Why we applied to YC despite having gone through another accelerator - karthikm
http://www.karthikmanimaran.com/2016/01/21/why-we-applied-to-yc-despite-having-gone-through-another-accelerator/
======
rdl
As a YC B2B alum, not totally impartial, but also not totally uninformed. I
think you may have the wrong take-away from your experience.

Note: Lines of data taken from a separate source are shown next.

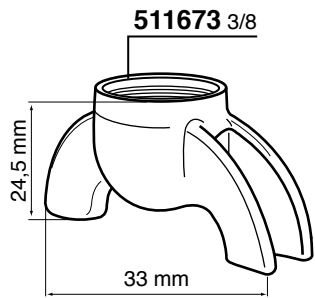

VARI COMPONENTI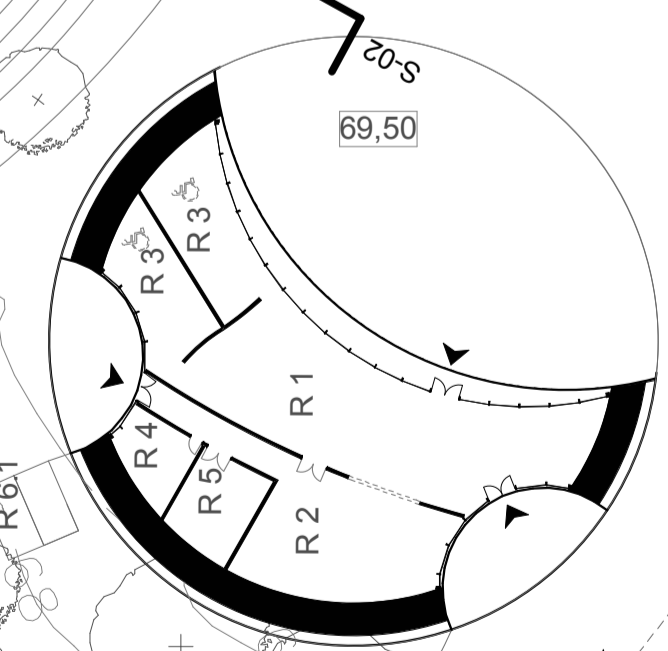

GASAG

S-Bahn
S-Bahn shunting track

65.00

69.50

69.20

Dissertação para obtenção do grau de Mestre em Arquitectura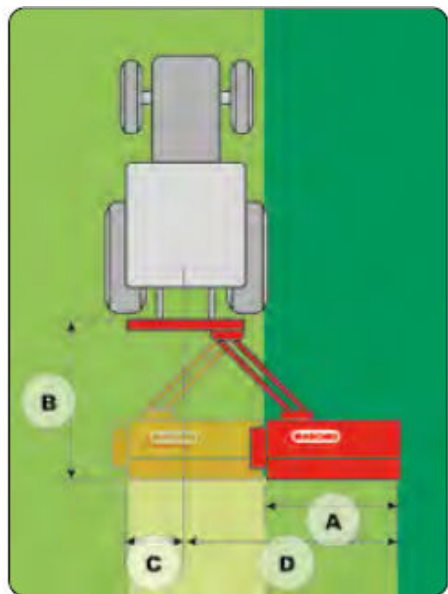

Prix

4 850,00 €

Options (incluses) :

remise

-150,00 €

Total de la proposition HT ...

4 700,00 €

Total du montant TVA ...

940,00 €

Total de la proposition TTC ...

5 640,00 €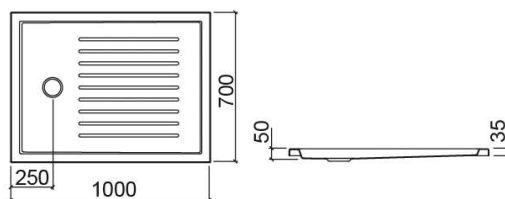

## Description

Receveur de douche Piano 100x80cm

## Informations Techniques

Longueur: 1000 mm

Largeur: 700 mm

Hauteur: 50 mm

Poids: 13 kg

Collection: Piano

Type de produit: Receveurs de douche

Style: Contemporain

Blanc  
1198x702x47 mm  
Réf. 8027600000  
Código EAN. 5604815441062  
Poids: 13.5 kg

Blanc  
1200x751x50 mm  
Réf. 8027700000  
Código EAN. 5604815440805  
Poids: 14.5 kg

Blanc  
1200x800x47 mm  
Réf. 8027800000  
Código EAN. 5604815440973  
Poids: 13.5 kg

Blanc  
1300x900x48 mm  
Réf. 8028400000  
Código EAN. 5604815441512  
Poids: 19 kg

Blanc  
1301x751x46 mm  
Réf. 8028200000  
Código EAN. 5604815441499  
Poids: 18 kg

Blanc  
1396x803x48 mm  
Réf. 8028700000  
Código EAN. 5604815440959  
Poids: 17.5 kg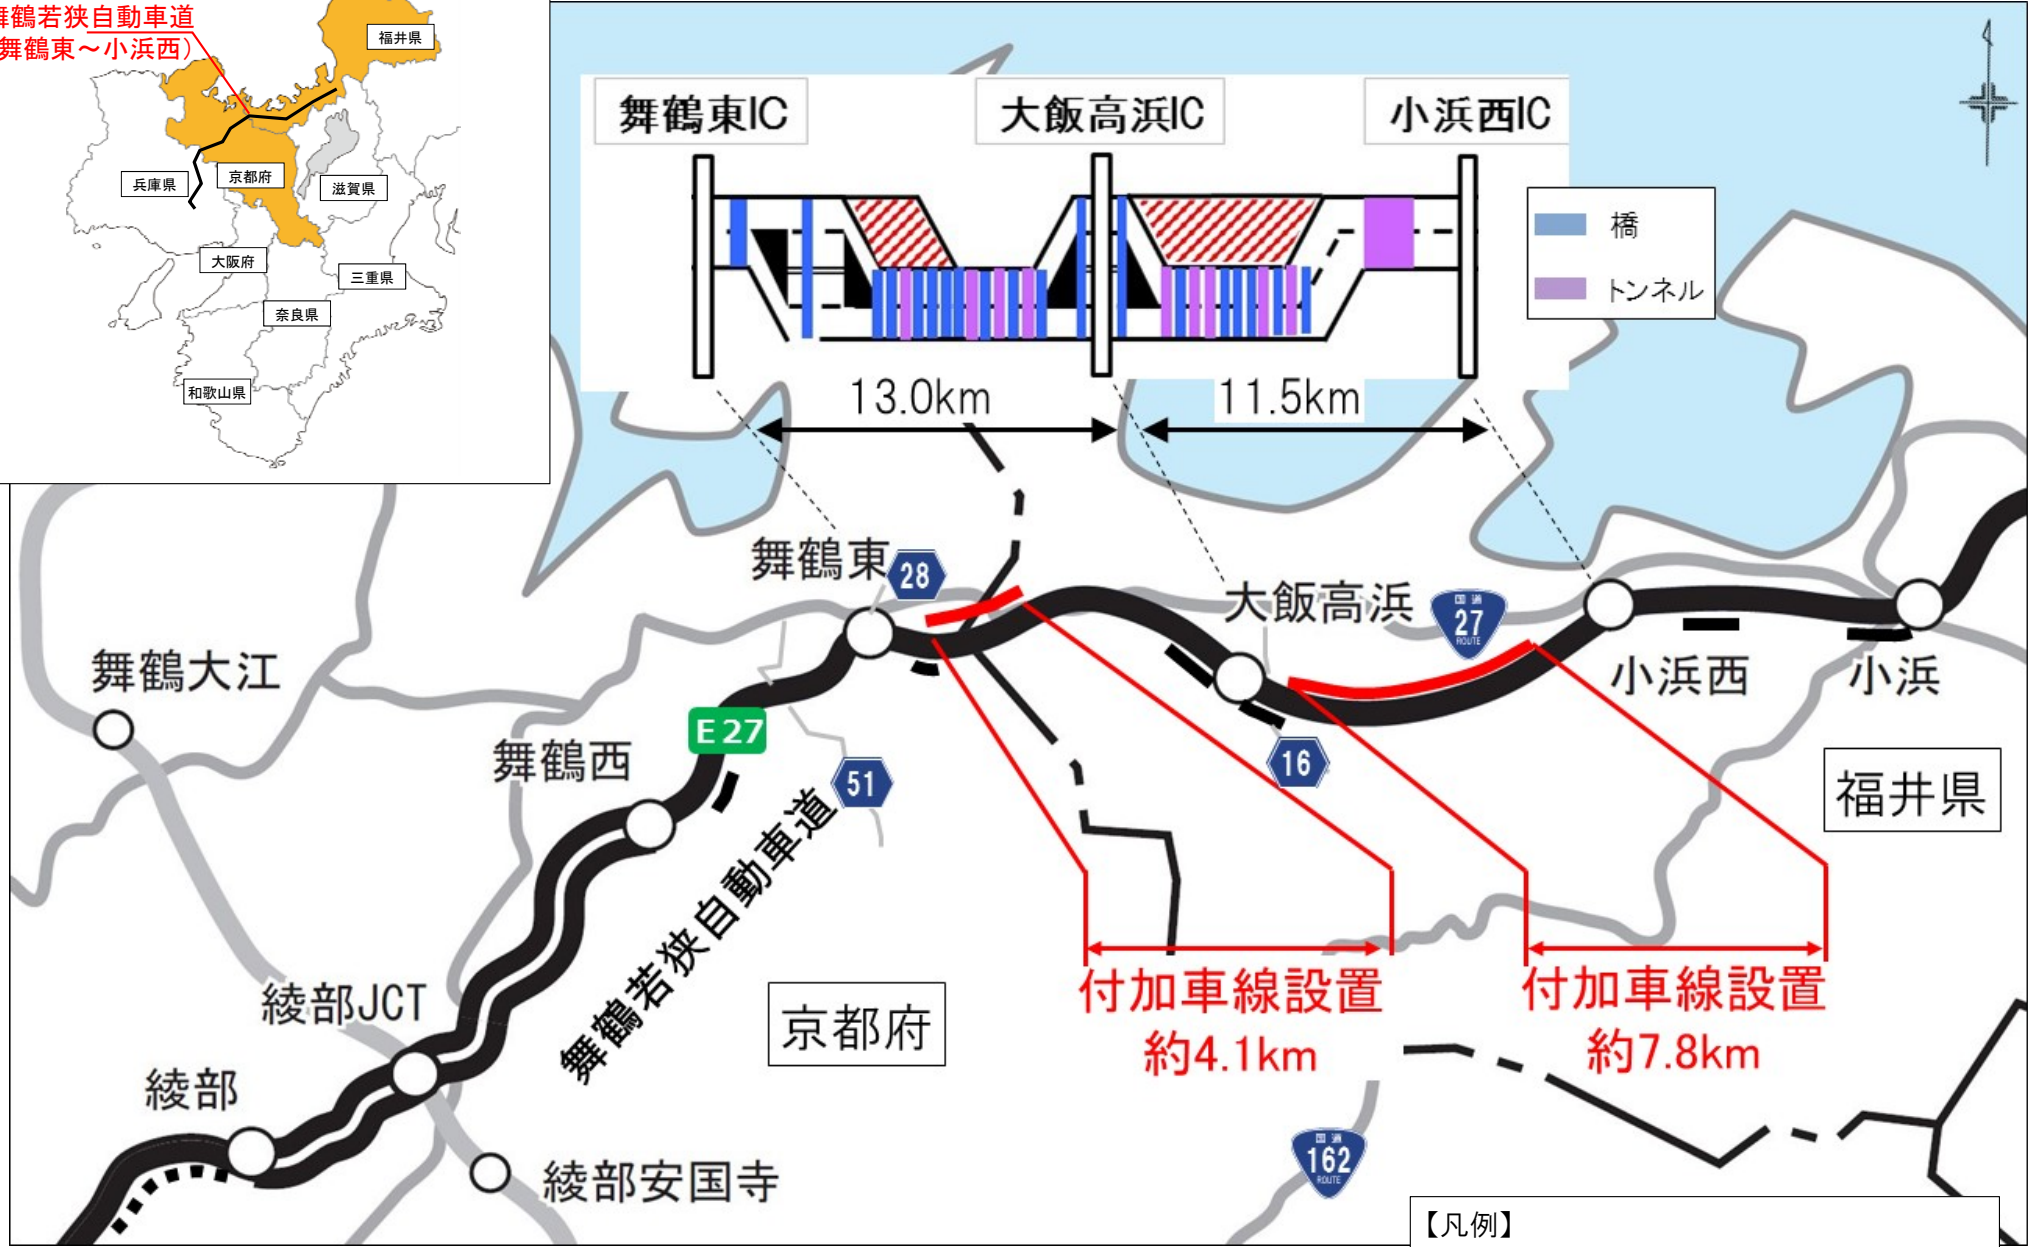

まいづる わか さ まいづる ひがし おばま にし
舞鶴若狭自動車道(舞鶴東~小浜西)

- 【凡例】
- 付加車線(設置済)
 - 事業箇所

I'm sorry you had a bad experience in LA. I agree a lot of the stuff you wrote
about that accelerator sounds like unconscionable bullshit. The amazing thing
is it is far from the worst I've read about. I'm glad you realize it was
crappy.

Yes, there are ways to bootstrap a B2B business: early sales/revenue. The risk
is becoming a consultancy, or losing your market to someone who is better
funded. I wouldn't say you _have to_ raise (even for consumer), but I also
wouldn't say you shouldn't, and in the current market, raising is probably the
best choice for someone who fits the scale/size/winner-take-all model, even in
B2B.

2.9%? Why does a specific percentage matter? If someone takes 10% and tanks
your business, that's bad. If I could get YC level value-add (network, advice,
reputation) as a developer tool company focused on startups for 25% of common
from a huge value-add investor, I'd seriously consider it. But of course I'd
rather take YC for 7% and all the other YC benefits.

------
paul
This is a good example of how bad many accelerators are, but extrapolating
based on that experience to thinking that he knows anything about YC is a
major error. This is a bit like saying, "I had a bad time drinking bleach,
therefore you should avoid all liquids."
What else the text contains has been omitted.